Dataset entries
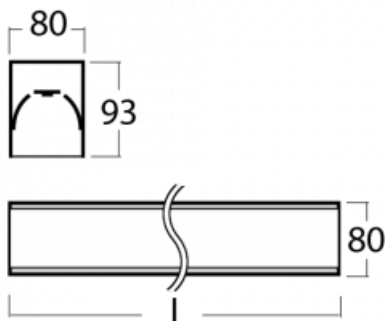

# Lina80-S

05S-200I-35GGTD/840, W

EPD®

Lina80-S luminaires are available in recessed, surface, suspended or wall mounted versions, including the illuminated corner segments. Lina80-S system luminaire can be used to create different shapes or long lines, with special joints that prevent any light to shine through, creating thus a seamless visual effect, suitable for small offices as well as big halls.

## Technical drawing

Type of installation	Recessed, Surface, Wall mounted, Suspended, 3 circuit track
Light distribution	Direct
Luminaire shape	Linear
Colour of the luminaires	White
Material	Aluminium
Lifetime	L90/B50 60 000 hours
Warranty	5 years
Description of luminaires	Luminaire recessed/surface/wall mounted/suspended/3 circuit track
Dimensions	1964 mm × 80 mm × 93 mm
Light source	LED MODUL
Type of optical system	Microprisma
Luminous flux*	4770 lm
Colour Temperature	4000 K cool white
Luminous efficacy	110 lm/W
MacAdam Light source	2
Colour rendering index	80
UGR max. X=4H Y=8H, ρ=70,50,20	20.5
---
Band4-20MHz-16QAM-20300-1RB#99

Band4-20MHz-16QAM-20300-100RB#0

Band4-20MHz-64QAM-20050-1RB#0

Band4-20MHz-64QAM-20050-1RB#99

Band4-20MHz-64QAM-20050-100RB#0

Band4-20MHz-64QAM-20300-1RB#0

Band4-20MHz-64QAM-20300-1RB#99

- [INSTRUCTIONS TO FOLLOW]:
Please copy each line of the entries in which the word "circuit" shows up.

- [FINAL ANSWER]:
Type of installation	Recessed, Surface, Wall mounted, Suspended, 3 circuit track
Description of luminaires	Luminaire recessed/surface/wall mounted/suspended/3 circuit track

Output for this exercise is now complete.